**Entries provided**:
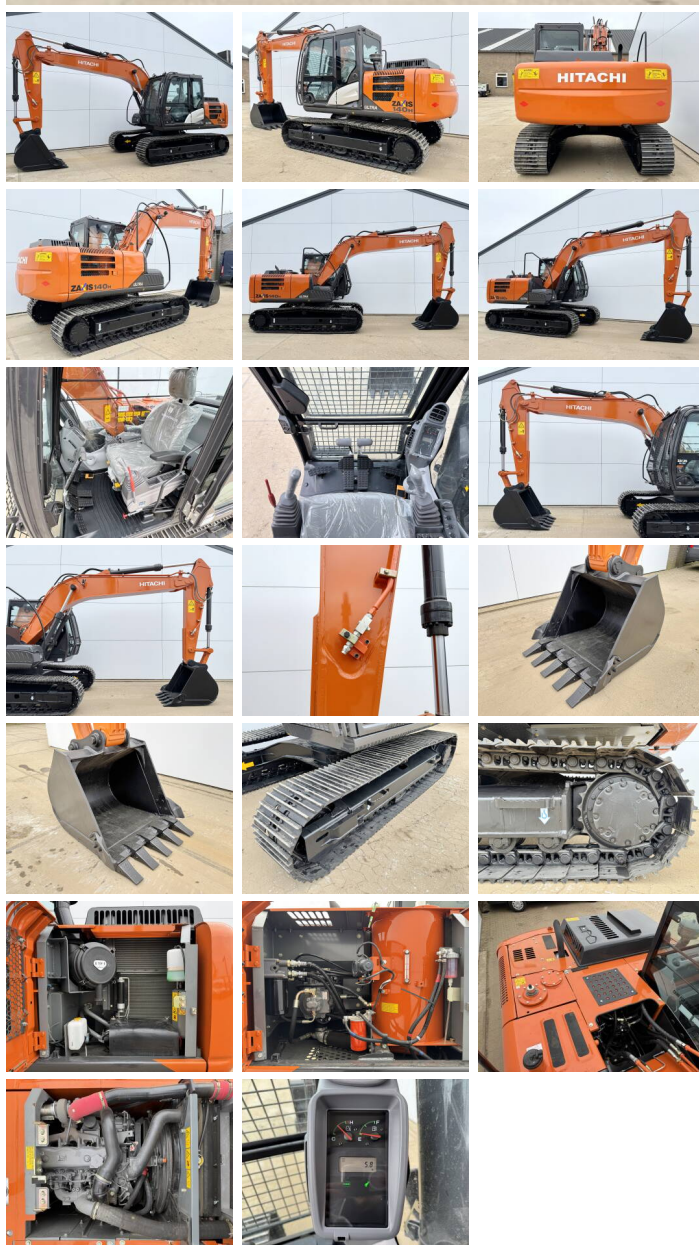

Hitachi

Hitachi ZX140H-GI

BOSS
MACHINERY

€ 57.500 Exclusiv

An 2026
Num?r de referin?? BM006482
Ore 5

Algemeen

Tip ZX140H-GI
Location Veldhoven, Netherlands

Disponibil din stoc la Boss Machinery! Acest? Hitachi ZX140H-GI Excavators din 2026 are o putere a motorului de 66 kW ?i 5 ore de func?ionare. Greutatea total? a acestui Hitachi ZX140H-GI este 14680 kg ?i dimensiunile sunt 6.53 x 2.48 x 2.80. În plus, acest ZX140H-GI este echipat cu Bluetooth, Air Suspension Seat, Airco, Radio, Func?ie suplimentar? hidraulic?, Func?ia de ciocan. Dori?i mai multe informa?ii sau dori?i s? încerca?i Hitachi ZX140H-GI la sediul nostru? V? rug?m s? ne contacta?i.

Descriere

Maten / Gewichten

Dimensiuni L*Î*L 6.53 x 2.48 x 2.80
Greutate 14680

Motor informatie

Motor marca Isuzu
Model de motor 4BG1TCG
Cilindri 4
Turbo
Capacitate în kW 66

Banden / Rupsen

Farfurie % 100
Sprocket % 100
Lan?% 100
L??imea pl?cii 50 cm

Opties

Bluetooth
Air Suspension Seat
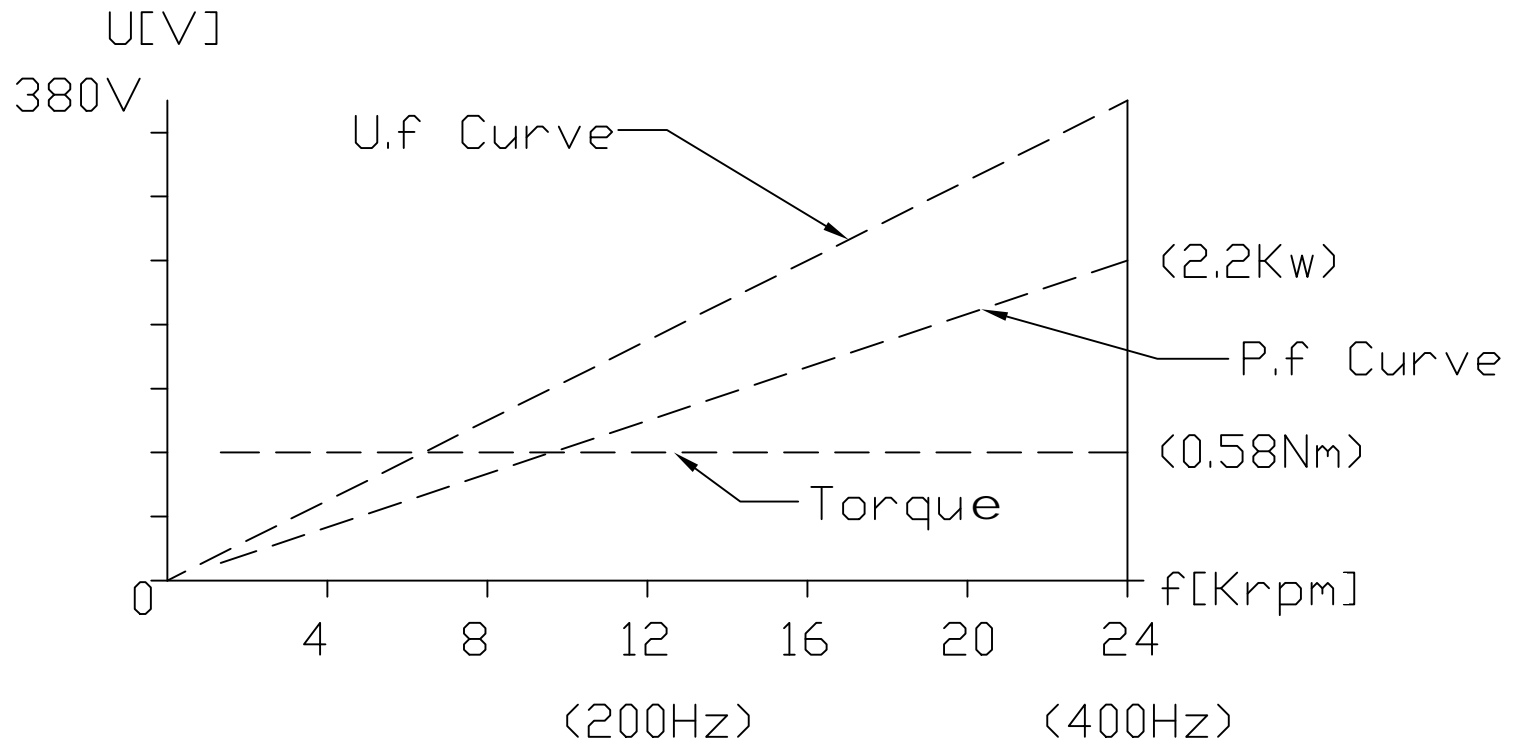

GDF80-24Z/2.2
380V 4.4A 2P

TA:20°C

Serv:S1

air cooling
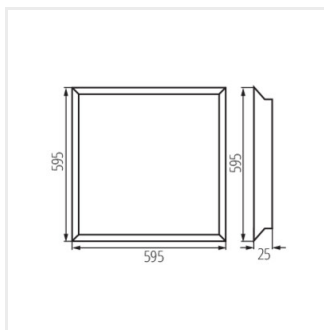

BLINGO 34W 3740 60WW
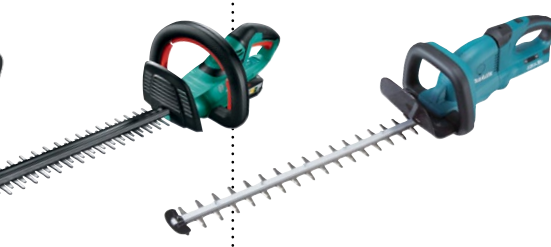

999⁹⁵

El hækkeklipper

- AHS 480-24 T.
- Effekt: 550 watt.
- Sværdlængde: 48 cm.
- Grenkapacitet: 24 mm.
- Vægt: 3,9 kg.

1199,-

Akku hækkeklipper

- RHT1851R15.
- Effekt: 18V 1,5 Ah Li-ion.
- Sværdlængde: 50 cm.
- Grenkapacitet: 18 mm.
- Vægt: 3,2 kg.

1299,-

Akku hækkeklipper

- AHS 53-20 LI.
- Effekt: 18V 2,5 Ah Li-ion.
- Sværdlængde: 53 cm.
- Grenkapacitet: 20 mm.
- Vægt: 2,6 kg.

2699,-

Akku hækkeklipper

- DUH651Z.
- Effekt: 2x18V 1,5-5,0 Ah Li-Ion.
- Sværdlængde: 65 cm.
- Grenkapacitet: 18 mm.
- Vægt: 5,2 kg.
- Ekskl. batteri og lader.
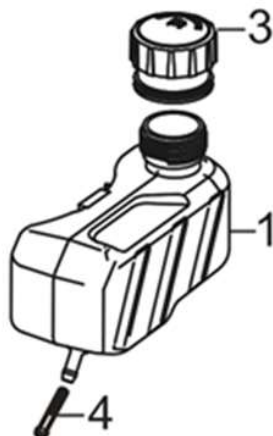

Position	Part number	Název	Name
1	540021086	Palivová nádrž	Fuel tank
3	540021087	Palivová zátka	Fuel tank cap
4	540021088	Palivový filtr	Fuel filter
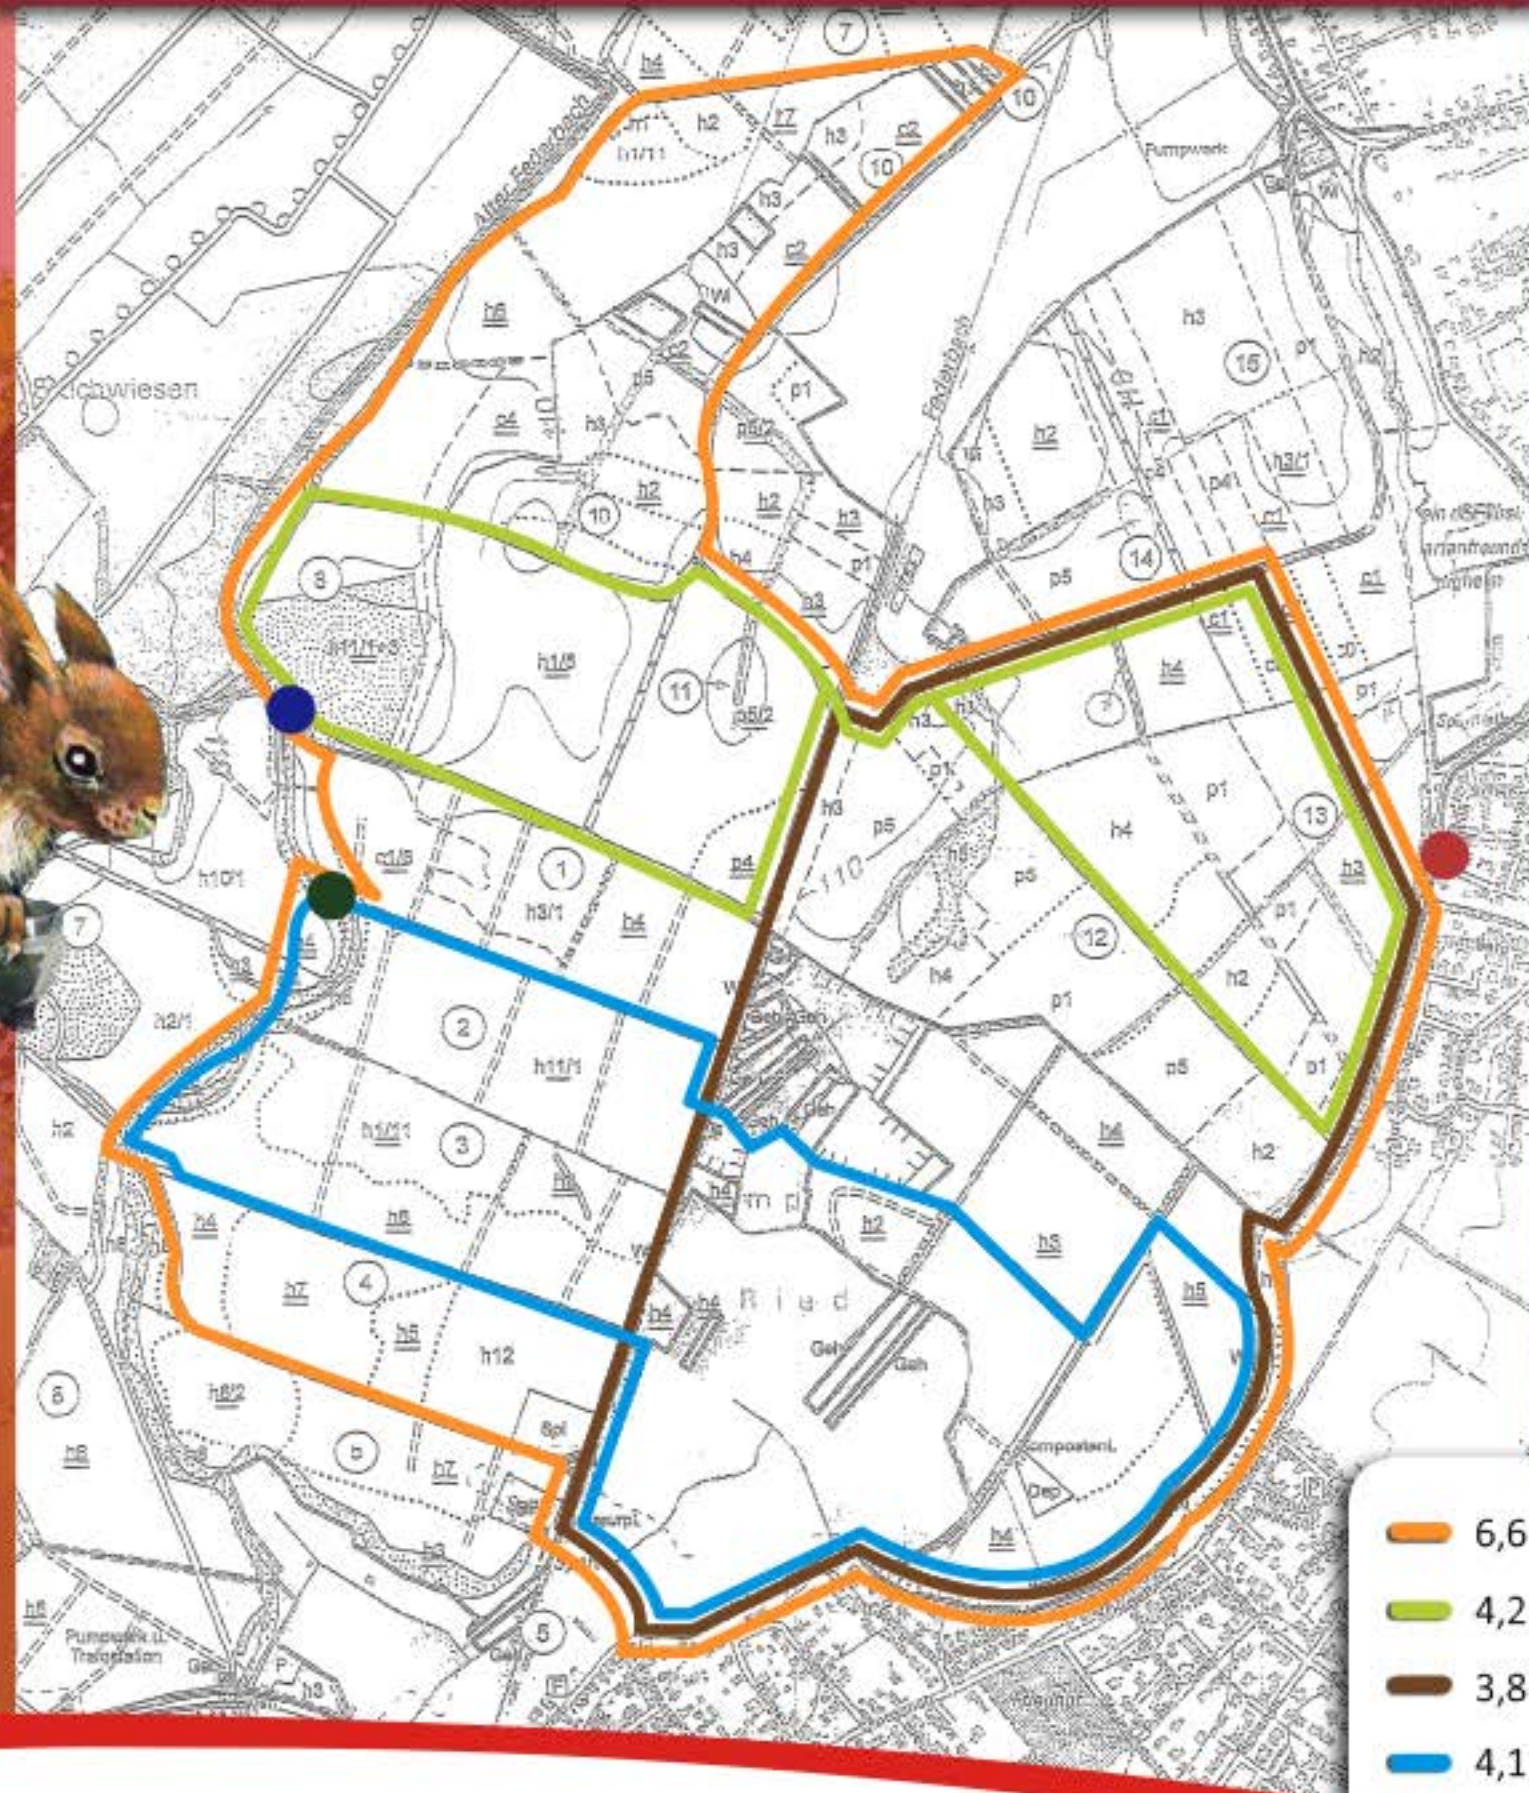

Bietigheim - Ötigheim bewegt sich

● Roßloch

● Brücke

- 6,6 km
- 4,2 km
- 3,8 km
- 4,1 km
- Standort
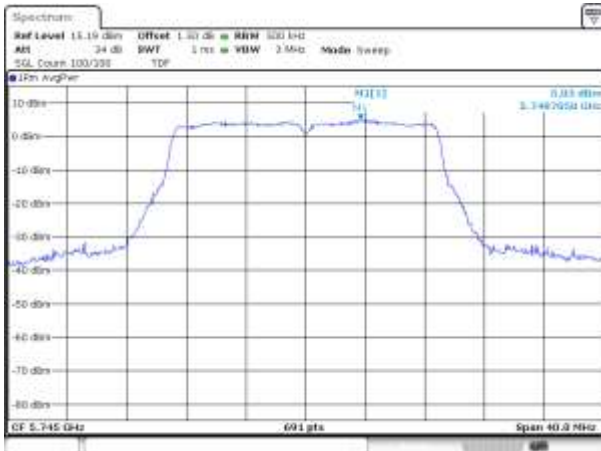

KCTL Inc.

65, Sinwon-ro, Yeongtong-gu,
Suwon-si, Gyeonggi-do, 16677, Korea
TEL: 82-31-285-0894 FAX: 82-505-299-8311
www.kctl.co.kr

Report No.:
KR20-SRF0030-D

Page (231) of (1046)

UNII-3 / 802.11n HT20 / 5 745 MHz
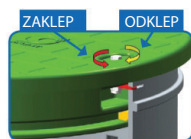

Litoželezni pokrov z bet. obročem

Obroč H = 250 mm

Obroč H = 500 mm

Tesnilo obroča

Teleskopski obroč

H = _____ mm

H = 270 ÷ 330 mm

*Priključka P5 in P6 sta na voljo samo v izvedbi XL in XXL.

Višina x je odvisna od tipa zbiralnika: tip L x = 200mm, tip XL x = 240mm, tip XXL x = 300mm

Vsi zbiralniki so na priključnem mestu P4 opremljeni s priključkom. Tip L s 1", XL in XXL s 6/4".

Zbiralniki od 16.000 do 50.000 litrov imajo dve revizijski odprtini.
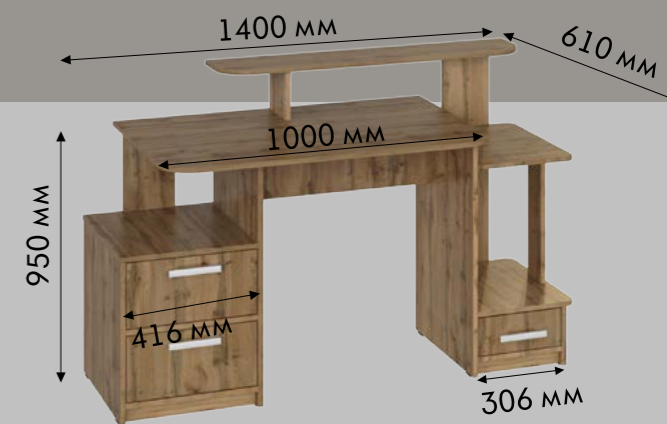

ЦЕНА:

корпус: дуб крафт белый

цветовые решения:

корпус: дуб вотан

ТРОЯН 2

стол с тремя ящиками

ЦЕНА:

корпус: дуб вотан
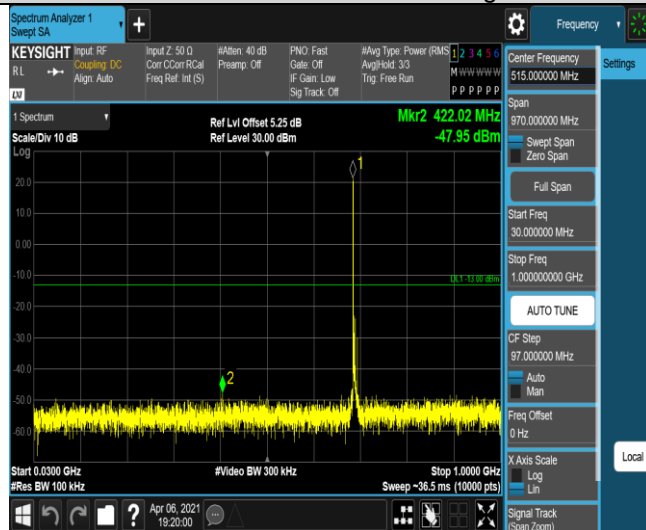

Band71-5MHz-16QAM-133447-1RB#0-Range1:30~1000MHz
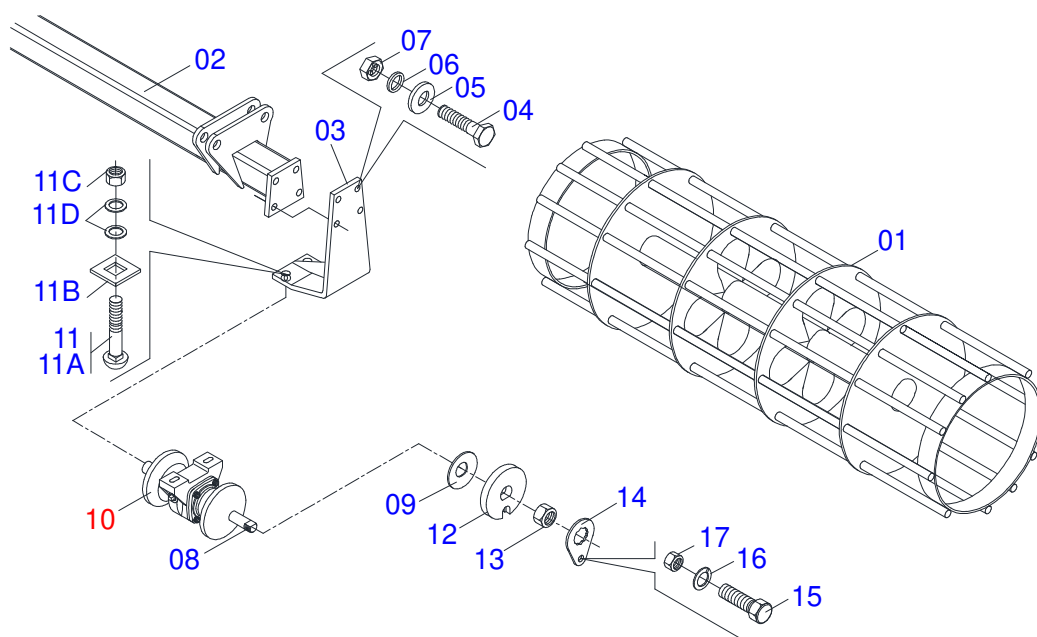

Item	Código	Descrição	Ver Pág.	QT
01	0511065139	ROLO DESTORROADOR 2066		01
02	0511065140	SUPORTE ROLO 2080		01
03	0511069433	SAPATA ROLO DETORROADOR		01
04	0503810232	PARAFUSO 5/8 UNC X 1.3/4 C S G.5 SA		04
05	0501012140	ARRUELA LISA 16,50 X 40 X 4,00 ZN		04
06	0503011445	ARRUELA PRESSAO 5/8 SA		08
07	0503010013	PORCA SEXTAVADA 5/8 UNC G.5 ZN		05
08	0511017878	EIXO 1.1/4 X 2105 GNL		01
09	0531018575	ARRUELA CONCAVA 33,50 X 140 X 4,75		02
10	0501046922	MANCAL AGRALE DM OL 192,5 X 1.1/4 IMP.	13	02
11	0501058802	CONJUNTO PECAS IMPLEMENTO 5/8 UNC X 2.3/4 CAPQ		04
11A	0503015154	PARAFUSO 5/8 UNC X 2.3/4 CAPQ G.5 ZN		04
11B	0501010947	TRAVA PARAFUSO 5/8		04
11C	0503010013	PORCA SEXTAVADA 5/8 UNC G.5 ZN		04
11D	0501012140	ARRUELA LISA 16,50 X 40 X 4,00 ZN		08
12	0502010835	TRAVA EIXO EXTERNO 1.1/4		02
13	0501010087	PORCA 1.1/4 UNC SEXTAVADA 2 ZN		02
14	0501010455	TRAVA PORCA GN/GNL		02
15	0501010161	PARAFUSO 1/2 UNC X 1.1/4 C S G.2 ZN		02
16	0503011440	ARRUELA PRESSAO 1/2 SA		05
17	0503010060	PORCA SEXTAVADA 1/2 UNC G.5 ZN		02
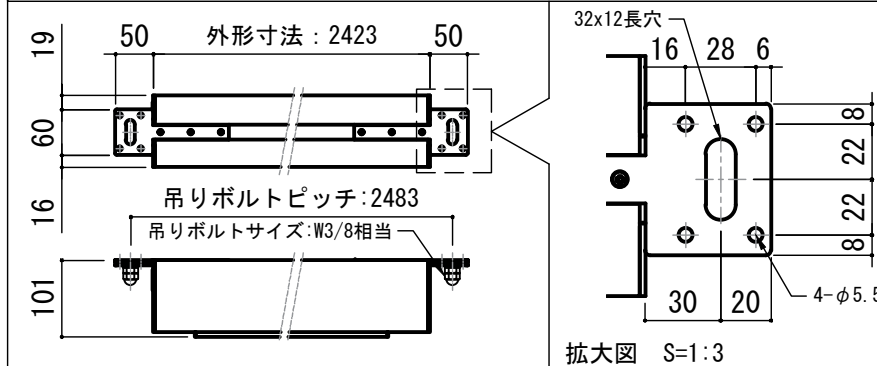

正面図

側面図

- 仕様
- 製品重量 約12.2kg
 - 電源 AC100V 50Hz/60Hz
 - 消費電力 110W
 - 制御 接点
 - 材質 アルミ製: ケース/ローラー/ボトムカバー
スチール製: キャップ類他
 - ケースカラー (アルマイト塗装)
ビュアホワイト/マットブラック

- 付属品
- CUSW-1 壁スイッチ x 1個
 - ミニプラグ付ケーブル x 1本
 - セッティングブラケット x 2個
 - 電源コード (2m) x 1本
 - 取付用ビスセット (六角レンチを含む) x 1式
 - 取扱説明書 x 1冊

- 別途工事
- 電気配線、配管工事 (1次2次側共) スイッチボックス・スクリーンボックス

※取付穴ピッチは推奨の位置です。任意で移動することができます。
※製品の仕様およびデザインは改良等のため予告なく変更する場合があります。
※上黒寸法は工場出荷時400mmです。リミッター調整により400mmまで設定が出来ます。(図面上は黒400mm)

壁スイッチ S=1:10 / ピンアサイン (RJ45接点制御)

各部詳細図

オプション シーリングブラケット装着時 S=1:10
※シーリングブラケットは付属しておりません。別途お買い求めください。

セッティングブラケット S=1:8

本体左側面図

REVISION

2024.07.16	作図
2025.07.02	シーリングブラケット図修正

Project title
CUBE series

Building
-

**Problem details**:
Search the entries for the string "Fuel". Copy every line that has it.

**Your solution**:
1	540021086	Palivová nádrž	Fuel tank
3	540021087	Palivová zátka	Fuel tank cap
4	540021088	Palivový filtr	Fuel filter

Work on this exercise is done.